**** Extracted records

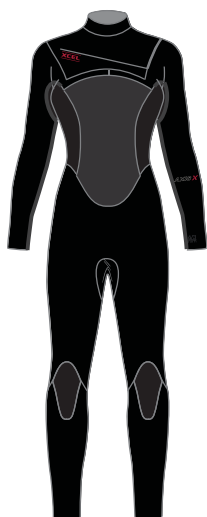

BLI:
BLACK / IVY

BLACK / GOJI BERYY MIXED PRINT

AXIS X BACK ZIP 5/4
WT54AXS8

4	6	6T	8S	8	8T	10S	10	10T	12

CASCADE BLUE / BLACK

BLACK

AXIS X 4/3
WT43Z2S8

4	6	6T	8S	8	8T	10	10T	12

CASCADE BLUE / BLACK

BLACK

AXIS X 5/4
WT54Z2S8

4	6	8S	8	8T	10	10T	12

AXIS

THERMO LITE

BGO:
BLACK / GOJI BERRY

AXIS BACK ZIP 3/2
WT32AX18

********

- **Problem requirements**:
Extract the full listing above verbatim; pictures are to be left out of the copy.

- **The completed task**:
BLI:
BLACK / IVY

BLACK / GOJI BERYY MIXED PRINT

AXIS X BACK ZIP 5/4
WT54AXS8

4	6	6T	8S	8	8T	10S	10	10T	12

CASCADE BLUE / BLACK

BLACK

AXIS X 4/3
WT43Z2S8

4	6	6T	8S	8	8T	10	10T	12

CASCADE BLUE / BLACK

BLACK

AXIS X 5/4
WT54Z2S8

4	6	8S	8	8T	10	10T	12

AXIS

THERMO LITE

BGO:
BLACK / GOJI BERRY

AXIS BACK ZIP 3/2
WT32AX18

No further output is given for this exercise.